RECORD SET: Begin
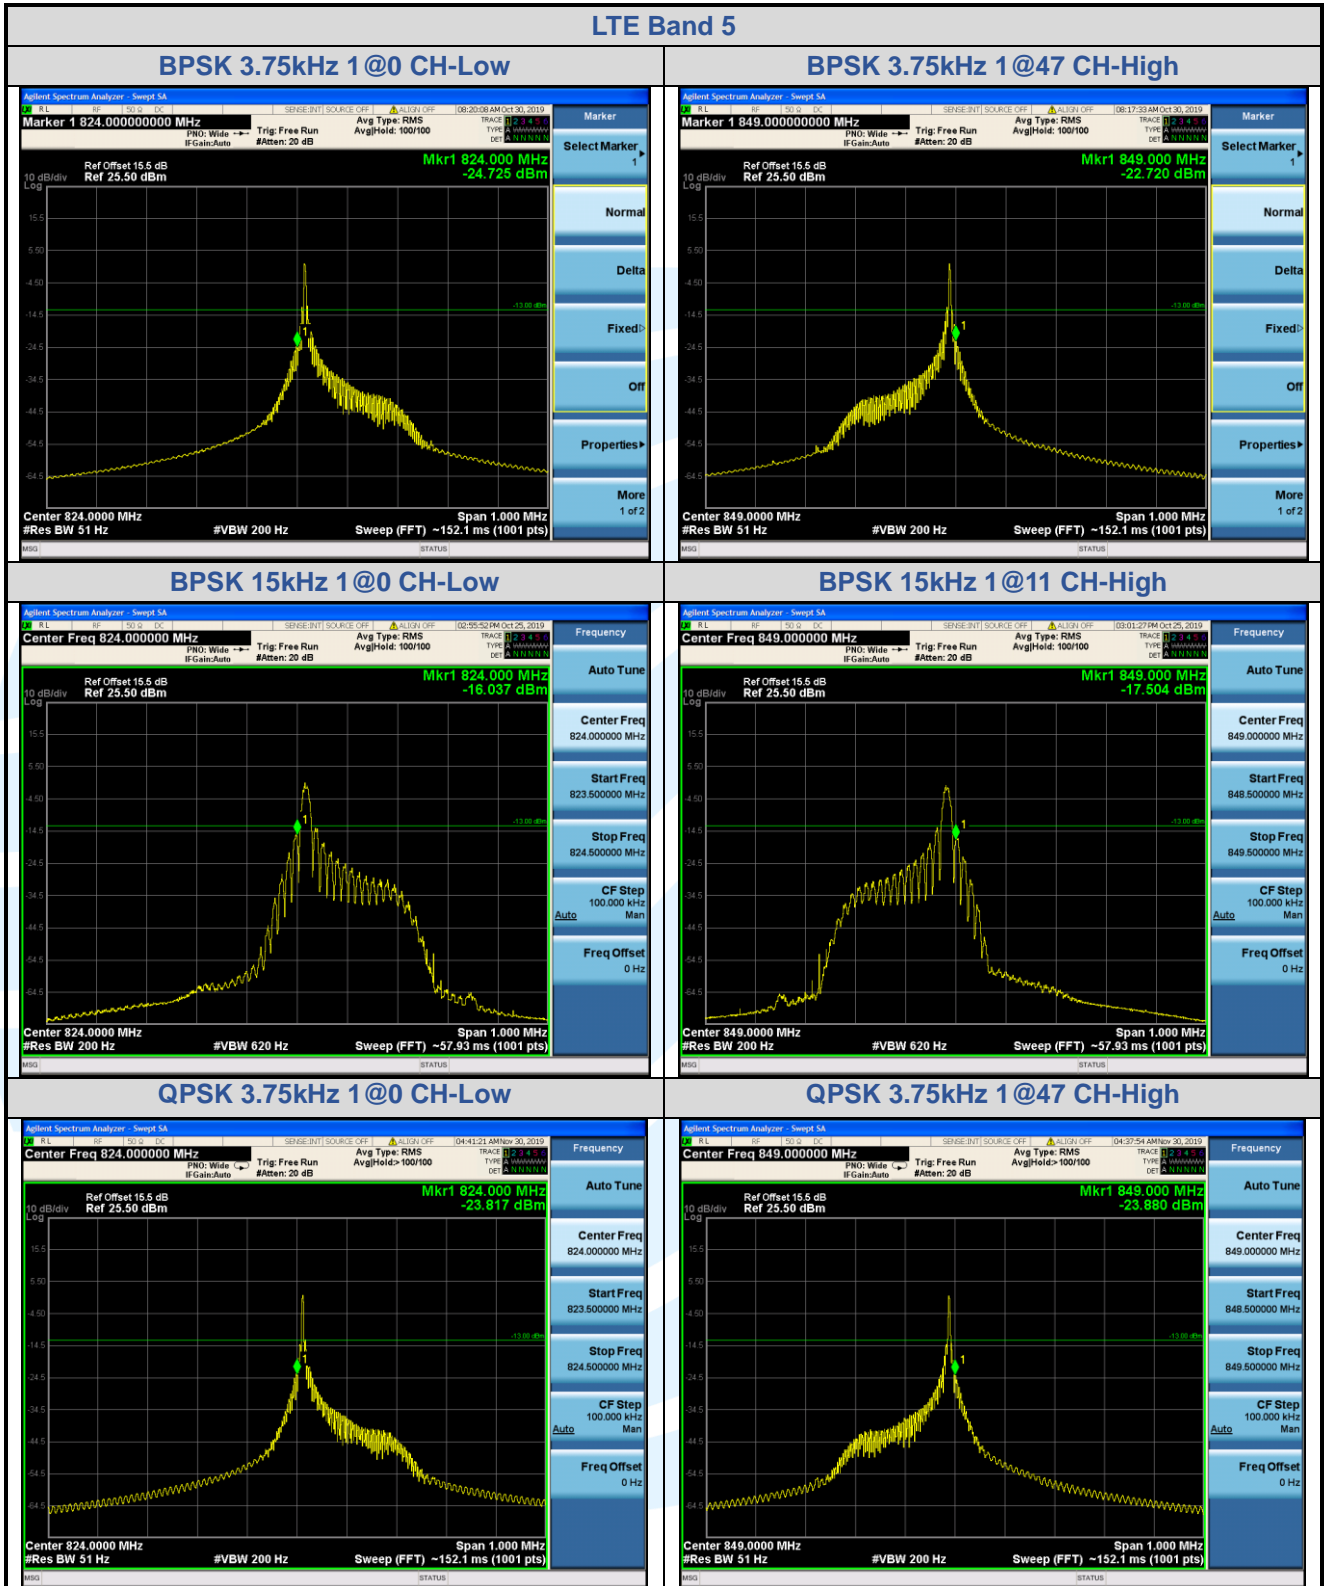

Tel: +86-755-28230888

Fax: +86-755-28230886

E-mail: info@uttlab.com

[Http://www.uttlab.com](http://www.uttlab.com)

UTTR-RF-RSS4G-V1.0

5.6.3 LTE Band 5

Shenzhen UnionTrust Quality and Technology Co., Ltd.

Address: 16/F, Block A, Building 6, Baoneng Science and Technology Park, Qingxiang Road No.1, Longhua New District, Shenzhen, China
RECORD SET: End
ASSIGNMENT:
Copy each line of the entries that includes the word "uttlab".

EXERCISE RESPONSE:
E-mail: info@uttlab.com
[Http://www.uttlab.com](http://www.uttlab.com)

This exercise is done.